Дела такого рода не представляют особой сложности и раскрываются как правило, что называется, по горячим следам. Так случилось и на этот раз. К концу дня мы установили, что кражу совершили Володя Васнецов, Игорь Агафонов и Сергей Четвериков. Нашли и краденое. Вещи лежали в сарае у Четверикова.

Ребята не запирались. Рассказали, как дождались темноты, как вырезали стеклорезом стекло в раме, потом открыли шпингалеты. Влезли Васнецов и Агафонов. Четвериков караулил их. Свет не зажигали: знали, где и что лежит. Вещи принимал Четвериков. Васнецов задержался: обшаривал столы — искал деньги, авторучки, значки. Потом перетащили краденое в сарай. Вот и все. Преступники задержаны, в краже признались, вещи изъяты.

Я смотрел в широко открытые ребячьи глаза и не мог поверить, что эти 14-летние мальчишки совершили кражу. Не мог, и все тут! Что-то здесь не так. Да и то подумать, зачем им, например, барабан, медные тарелки? И еще: надо же было додуматься вырезать стекло, хладнокровно открыть окно… Все расставлено по местам, все предусмотрено. Это и настораживало. Да и ребятишки не какие-нибудь охламоны, «оторви и брось», а нормальные парни, хорошо учатся на учете в милиции не состоят. Володя — заядлый фотограф. Игорь любит животных, у него дома шотландская овчарка Урс. Сережа просто тихий мальчуган. Потому и в окно, наверное, не полез.

Не мог я поверить, что такую квалифицированную, тщательно продуманную, хладнокровно проведенную операцию могли мальчишки осуществить самостоятельно.

Настораживало и то, что у Сережи была рассечена губа. У Игоря — синяк под глазом. Откуда эти украшения?

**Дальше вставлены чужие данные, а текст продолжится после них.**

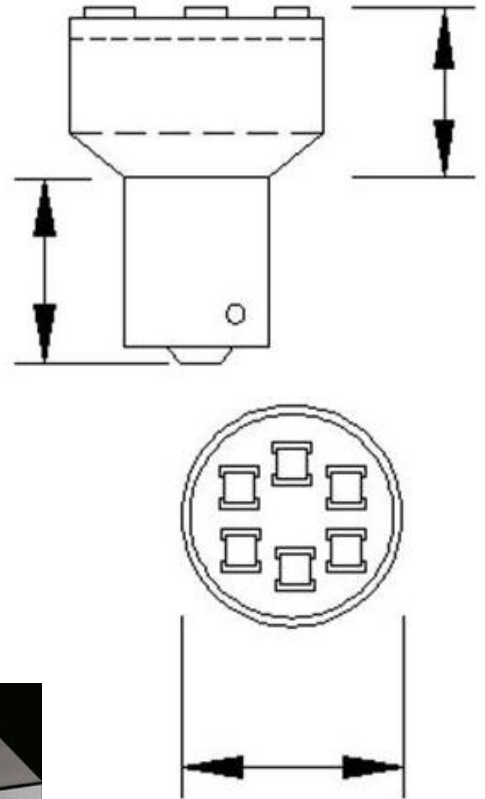

LUMENSOURCE

BAYONET SPOT SERIES

The high brightness BA15D bulb uses only 1.5W compared to a 25W traditional halogen light source. The Bayonet base fits into any single contact size fixture socket providing high performance, energy saving, and long lasting light output.

SPECIFICATIONS

Wattage	1.5W
Voltage	12V AC/DC
Average Lifetime	> 50,000 hrs
Colors	Warm White (3,000K) Cool White (5,000K)
Luminous Flux	84 lm (WW); 96 lm (CW)
Beam Angle	90 degrees
Dimensions	1.05" dia / 1.5" length
Dimmability	Magnetic Low Voltage Dimmer
LED	6

ORDERING INFO

BA15-D6-X

— C – Cool White
— W – Warm White

Я знал, что мальчуганы не драчуны, сами, как говорится, задираться не будут. Значит, кто-то побил. За что? Почему ребята молчат об этом? А время идет, надо решать, что делать с материалом. Решать судьбу, будущее худеньких, тонкошеих, с большими доверчивыми глазами подростков. От моего решения зависит, быть может, весь их дальнейший жизненный путь.

«Похоже, лидер у них — Васнецов», — размышлял я, вглядываясь снова и снова в лица моих новых знакомых. Высокий, крепкого сложения, на вопросы отвечает первый, держится уверенно. Отец у Володи офицер, он очень гордится этим. Мечтает и сам стать офицером. Бесспорно, считает себя смелым, решительным. Для него обвинение в трусости, наверное, самая тяжелая обида.

— Что-то не так, Владимир, — обратился я к нему. — Крутишь, врешь. Боишься кого-то, струсил? Непохоже на тебя! Ты же здоровый, сильный парень! Кто Игоря с Сережкой разукрасил? Или живете по принципу: «ударили по одной щеке — подставляй другую?»

Владимир вспыхнул.

— Не боюсь я его. Пусть только попробует, заденет. Агафоша с Серым, может быть, боятся… Ладно. Чего там. Витька Веряев нас научил…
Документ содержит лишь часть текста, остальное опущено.